FFR: Supporting Local Freelancers – FREE EVENT

Talk Tuesday April 9th 2019, 7:00 PM

The Frontline Freelance Register invites you to the Club for a discussion on the challenges of working as a local freelance journalist with their Mexico chapter coordinators, Andalusia Knoll and Rodrigo Cruz. We will also be joined by Katya Malofeyeva, who is overseeing the launch of the next country chapter in Ukraine. The panel will be moderated by founder member, journalist Ed Vulliamy.

Local journalists do the same work as their international colleagues – but often in more lonely and difficult circumstances. They cannot always just pack their bags once they have completed an assignment, or if they feel physically insecure. While standards and principles have been set that are the norm for international freelancers, their local counterparts are being left out of the conversation and behind in the established standards.

In 2013 the Frontline Club Charitable Trust, in collaboration with a group of international freelance journalists, established the Frontline Freelance Register to be a representative body advocating for their safety and better welfare. Now, FCCT is launching individual country chapters to connect local freelancers to its network and to advocate by their side. FFR and the local freelance chapters will represent two groups from whom most of the worlds verified news about conflict originates. The country chapters will give local freelancers their own voice and allow them to operate and identify themselves as bona fide journalists.

The first country chapter that has been established is in Mexico, which officially launched last week in Mexico City.
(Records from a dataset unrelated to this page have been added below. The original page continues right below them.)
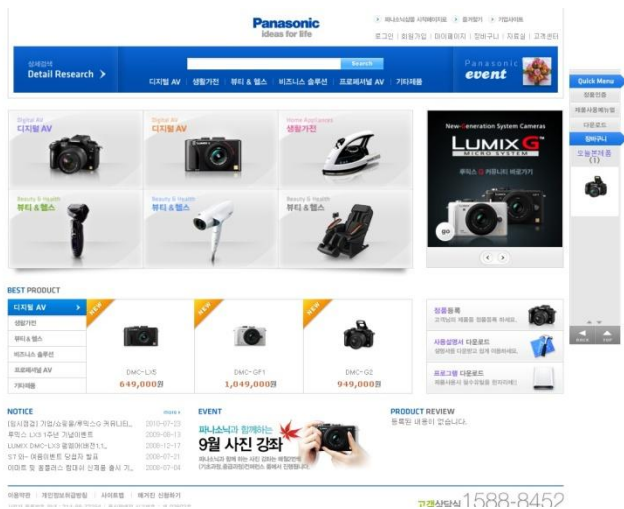

용인대학교 다국어 사이트 구축

경원대학교 세살마을 사이트 리뉴얼

브레인 스쿨

미래GT 사이트 리뉴얼

마이한솔

파나소닉 DSC

파나소닉 쇼핑몰

파나소닉 Brand(글로벌 가이드 적용)

Frontline Freelance Mexico is a sister organisation to FFR, which was created after the assassinations and kidnappings of freelance journalists in war zones like Syria, Libya and Iraq. In Mexico, there is no declared war, but violence is on a comparable scale, making it one of the most deadly countries for press worldwide. In the last 19 years, at least 124 journalists have been murdered, including four since the new federal administration took office in December, according to the press freedom organization Article 19.

Frontline Freelance Mexico already has over 60 members signed up who based across 16 states, including Veracruz, Guerrero, Sinaloa, Chihuahua, Michoacán, Guanajuato and other areas where journalists face significant dangers.

Chair

Ed Vulliamy is a journalist and author who has worked more than 30 years as a staff international reporter with the Guardian and Observer newspapers of London. He won all major awards in British journalism for his coverage of the Balkan wars between 1991-5, and discovered the gulag of concentration camps operated by the Bosnian Serbs in the Northwest Krajina region of Bosnia. As a result, he became the first reporter to testify at a war crimes tribunal since those at Nuremberg, giving evidence in nine trials at the ICTY in The Hague. He currently specialises in narco-traffic, winning the 2013 Ryszard Kapuski Prize for Literary Reportage for his “Amexica: War Along The Borderline” and was shortlisted for the same prize in 2016 for “The War Is Dead Long Live the War, Bosnia: The Reckoning”. Vulliamy is currently producing a film on the Colombian peace process and writing a book on banks that launder the profits of drug trafficking. His most recent publication is a memoir through music, “When Words Fail: A Life With Music, War and Peace”.